Pa kwam op het idee voor de namen voor mijn zusje en mij door een lieflijk Italiaans kinderliedje. Hij gaf trouwens ook mijn knuffel, die tot de dood ons scheidt bij mij zal blijven, een naam: Pipo. Versleet mijn zusje knuffel na knuffel, ik zeulde overal mijn Pipo mee naartoe. Oma heeft hem heel vaak gemaakt als hij kapot was en bijgevuld met verse watten. Hij lag tot in mijn jongvolwassenheid bij mij in bed. Als ik eerlijk ben, moet ik bekennen dat ik hem het liefst nu nog bij mij zou willen hebben als ik slaap. Zijn broosheid laat het echter niet toe. Ik zou hem letterlijk kapot knuffelen. Tijdens onze laatste verhuizing is hij ongelukkigerwijs in een doos beland, die nu ergens in een hoekje op zolder ligt te verstoffen. Zielig. Ik ga hem er snel vandaan halen. Foei Rabarbara!
Ik wil noemen
Naast heten wil ik ook noemen: “Wie ik liefheb, wil ik noemen” zou mijn lijfdichtregel wel kunnen zijn. Niet voor niets heb ik Boef zijn toepasselijke bijnaam gegeven en niet voor niets hield ik al vanaf de brugklas lijstjes bij in mijn agenda bij met data erachter. Van die tot die dag was ik verliefd op die. En van die tot die week op die. Al die mannen voorzag ik van namen: mierenneuker is er een die ik nog weet. Hij keerde steeds terug op mijn lijstje. Daarom schreef ik hem een heuse liefdesbrief die absoluut geen zoden aan de dijk zetten. Eerder het tegenovergestelde. Toen ik ouder werd en mijn verliefdheden wat serieuzer en minder onschuldig, verzon ik ook nog namen voor mijn ‘mannen’: roze sok, flap(drol?), sTommy. Niet allen even rooskleurig zie ik nu. Boef deed het tij keren en heeft in het ‘echte leven’ nog andere bijnamen. Ik ook. Maar niet alles moet verklapt worden in mijn columns. Er moet een zweem van mysterie blijven hangen rond Rabarbara. Het lijkt misschien wel of ik alles zeg en dat ik van mijn hart geen moordkuil maak. Maar diep, diep van binnen. Ja…daar, daar gebeurt het. Kan jij de gesponnen draden ontwarren?

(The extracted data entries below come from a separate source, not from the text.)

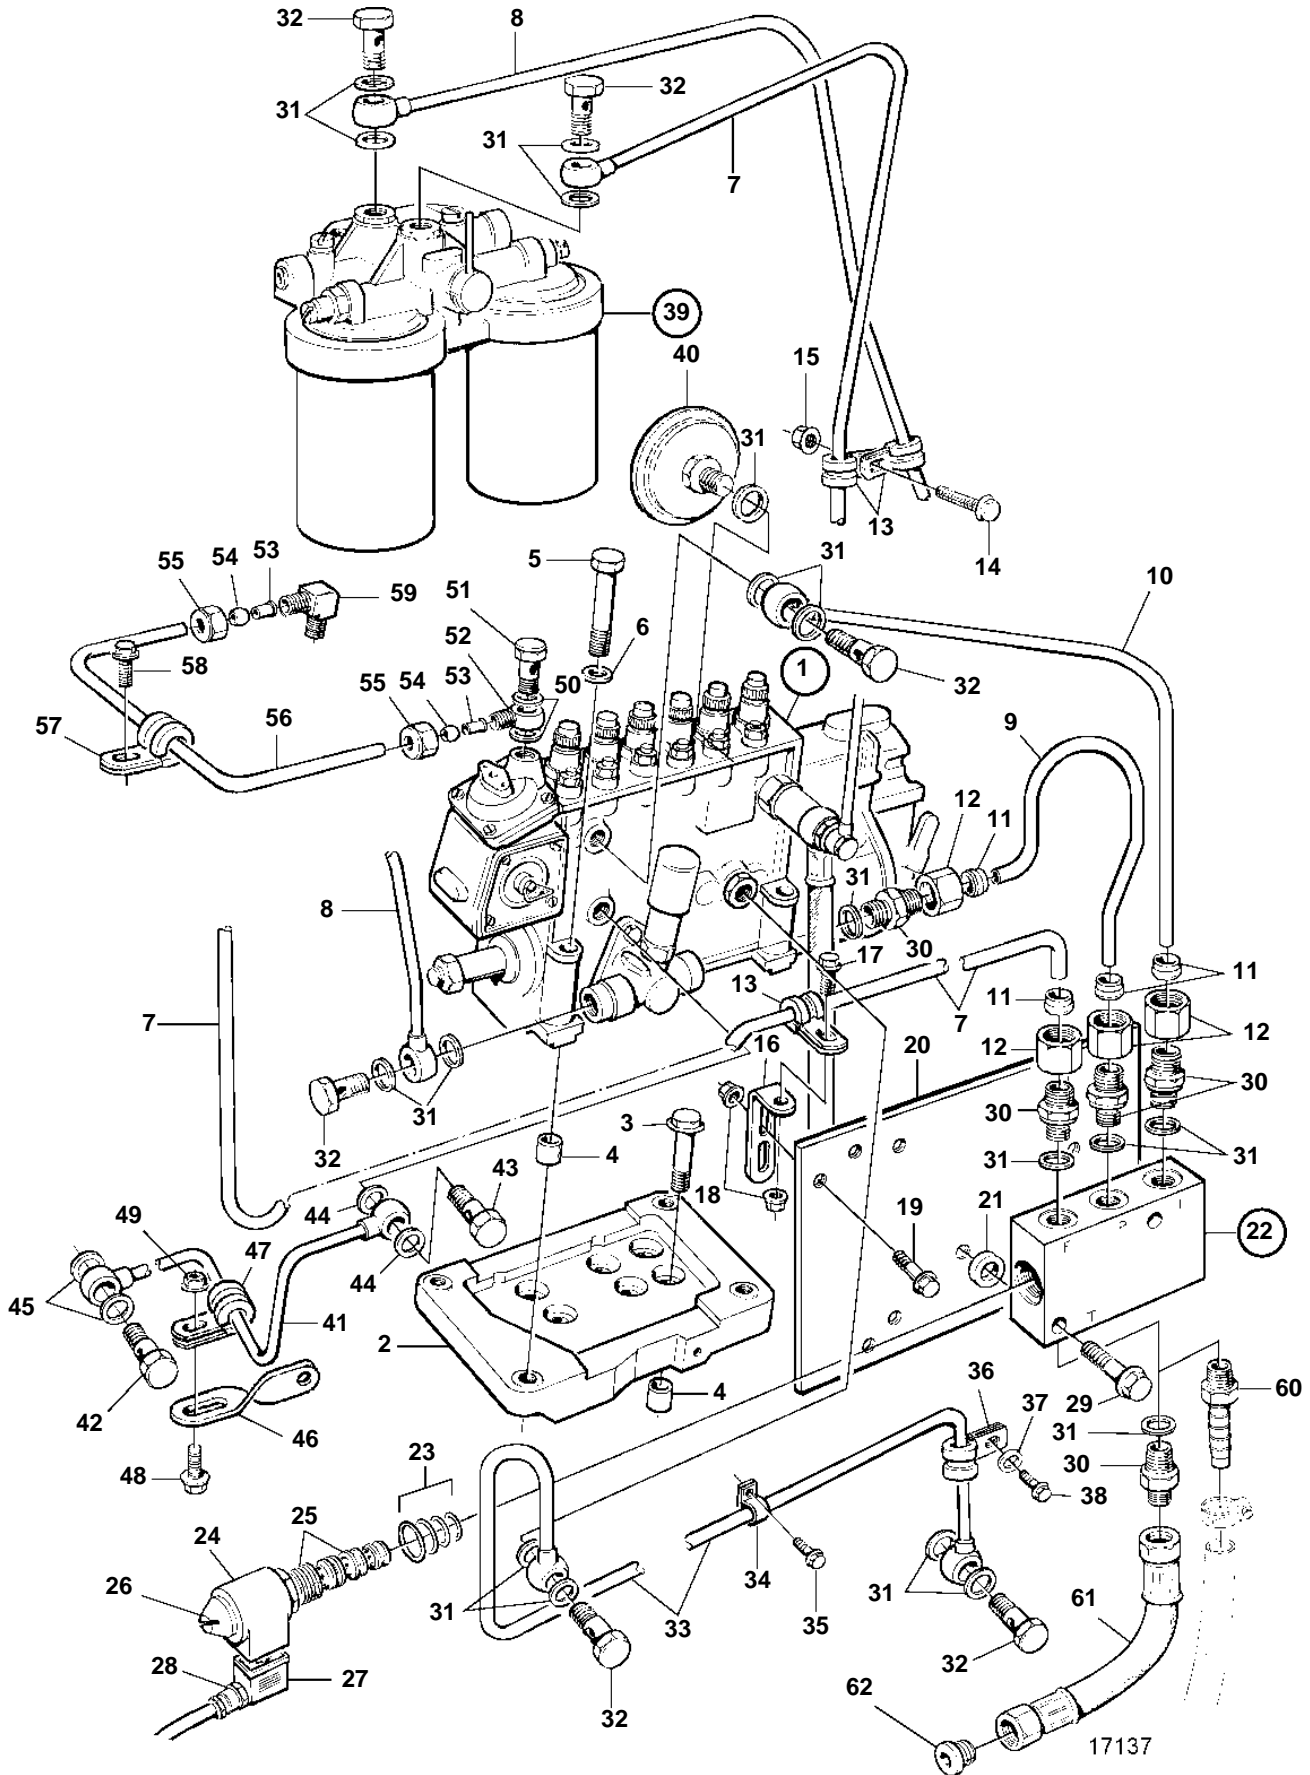

TAMD74A-A, TAMD74A-B

TAMD74A-A, TAMD74A-B

REF	PART NO.	QTY	DESCRIPTION	SEE SEC.	NOTES
1	3831080	1	Injection pump		184kW/2100rpm
	3803806	1	Injection pump, exch		Exchange unit
				5145	
2	477773	1	Shelf		
3	965185	4	Flange screw		
4	417588	2	Guide sleeve		
5	965189	4	Flange screw		
6	941908	4	Spring washer		
7	3826830	1	Fuel pipe		
8	864496	1	Fuel pipe		
9	3826832	1	Fuel pipe		
10	3826833	1	Fuel pipe		
11	956969	3	Ferrule		
12	956983	3	Nut		
13	945081	3	Clamp		
14	967949	1	Screw		(965175)
15	949278	1	Lock nut		
16	965558	1	Bracket		
17	946440	1	Flange screw		
18	948645	2	Lock nut		
19	946173	1	Flange screw		
20		1	Bracket	5454	
21	191172	2	Washer		
22	866699	1	Shut-off valve		24V REPL BY 3828983
	3828983	1	Shut-off valve		Incl 4 ea nipple 941754 and 4 ea gasket 969011.
23	3825238	1	· Gasket kit		FOR 866699. Repl by 3828981
	3828981	1	· O-ring kit		FOR 3828983
24	3825240	1	· Magnet		24 V
25	3825235	1	· Valve		FOR 866699, 3828983
26		1	Nut		
27	866664	1	Connector unit		
28	844576	1	Cable union		
29	947760	2	Flange screw		
30	941754	4	Nipple		
31	969011	14	Gasket		
32	25167	5	Hollow screw		
33	3826927	1	Oil return pipe		
34	940374	1	Clamp		
35	946440	1	Flange screw		
36	942542	1	Clamp		
37	190509	1	Washer		
38	946471	1	Screw		
39	864315	1	Fuel filter		
				4908	
40	477173	1	Pressure equalizer		
41	477986	1	Oil feed pipe		
42	969299	1	Hollow screw		
43	48634	1	Hollow screw		
44	947281	2	Gasket		
45	11994	2	Gasket		
46	1136551	1	Bracket		
47	952623	1	Clamp		
48	946544	1	Flange screw		
49	945407	1	Flange nut		
50	11994	2	Gasket		
51	969299	1	Hollow screw		
52	945417	1	Nipple		
53	944717	2	Sleeve		
54	954364	2	Fitting

Lees ook: Vasitas troost met liedjes in je hoofd
Gedicht ‘Voor wie ik liefheb wil ik heten’ van Neeltje Maria Minn
5 reacties
ik denk wel dat het een mooi gedicht is, want het gaat over liefde, denk ik.
Mooi dus.
Wat me irriteert is dat het GEEN nederlands is; “voor….wil ik heten….”
Wat is dit voor een zin?Ik begrijp, denk ik, de bedoeling van de schrijfster wel, wat ze wil zeggen, maar (mijn frustratie) het lijkt mij wel dat het allemaal heel moeilijk en interessant moet worden opgeschreven door heren en vrouwen dichters……
In gewone zinnen levert het geen prijs op, of moet het wel een beetje moeilijk zijn????Nogmaals, mijn frustratie…….
Kan een dichter(es) mij niet raken met gewoon, grammaticair “juist” nederlands?? of kan dit alleen met “moeilijke, elitaire, zinnen”??????
Ik weet het niet en de waarheid is volgens mij zo heel erg simpel
Het is zeker een mooi gedicht. En we kunnen elkaar de hand schudden. Ik ben ook geen voorstander van heel moeilijke
gedichten. Ik sta voor heldere taal en sprekende beelden. Wel mag er originaliteit en creativiteit in een gedicht te
vinden zijn. Het spelen met grammaticale regels vind ik soms juist wel grappig. Maar ieder zijn eigen smaak.
De waarheid ligt ergens in het midden.